Of the entries below, restate word for word only the section that runs from the line with "COSMETIC CABINET" to the line with "(There will be lighting on both surfaces)", counting both ends.

- EXTRACTED RECORDS
= = = = = = =

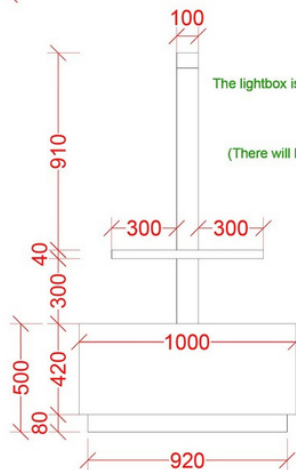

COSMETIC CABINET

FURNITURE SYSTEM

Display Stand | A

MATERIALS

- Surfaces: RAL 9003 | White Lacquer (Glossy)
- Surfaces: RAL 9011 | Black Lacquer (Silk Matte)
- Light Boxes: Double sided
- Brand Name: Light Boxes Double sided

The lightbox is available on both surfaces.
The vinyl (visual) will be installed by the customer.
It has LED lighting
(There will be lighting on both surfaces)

= = = = = = =

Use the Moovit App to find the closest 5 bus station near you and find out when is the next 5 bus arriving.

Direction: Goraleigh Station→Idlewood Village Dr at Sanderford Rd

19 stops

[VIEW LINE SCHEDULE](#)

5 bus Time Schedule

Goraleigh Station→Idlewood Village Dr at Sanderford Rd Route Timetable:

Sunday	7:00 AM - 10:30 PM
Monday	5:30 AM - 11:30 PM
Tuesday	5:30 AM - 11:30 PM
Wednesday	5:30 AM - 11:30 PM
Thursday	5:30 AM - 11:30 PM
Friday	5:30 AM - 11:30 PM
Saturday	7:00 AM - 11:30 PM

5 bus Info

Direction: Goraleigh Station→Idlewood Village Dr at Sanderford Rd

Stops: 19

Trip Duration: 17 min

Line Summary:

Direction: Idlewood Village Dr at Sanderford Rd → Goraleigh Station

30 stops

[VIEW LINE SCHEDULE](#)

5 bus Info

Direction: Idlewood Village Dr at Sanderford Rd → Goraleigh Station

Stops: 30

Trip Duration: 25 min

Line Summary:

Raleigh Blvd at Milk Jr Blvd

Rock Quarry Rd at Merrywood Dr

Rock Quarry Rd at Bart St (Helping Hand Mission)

= = = = = = =

- SOLUTION BELOW
COSMETIC CABINET

FURNITURE SYSTEM

Display Stand | A

MATERIALS

- Surfaces: RAL 9003 | White Lacquer (Glossy)
- Surfaces: RAL 9011 | Black Lacquer (Silk Matte)
- Light Boxes: Double sided
- Brand Name: Light Boxes Double sided

The lightbox is available on both surfaces.
The vinyl (visual) will be installed by the customer.
It has LED lighting
(There will be lighting on both surfaces)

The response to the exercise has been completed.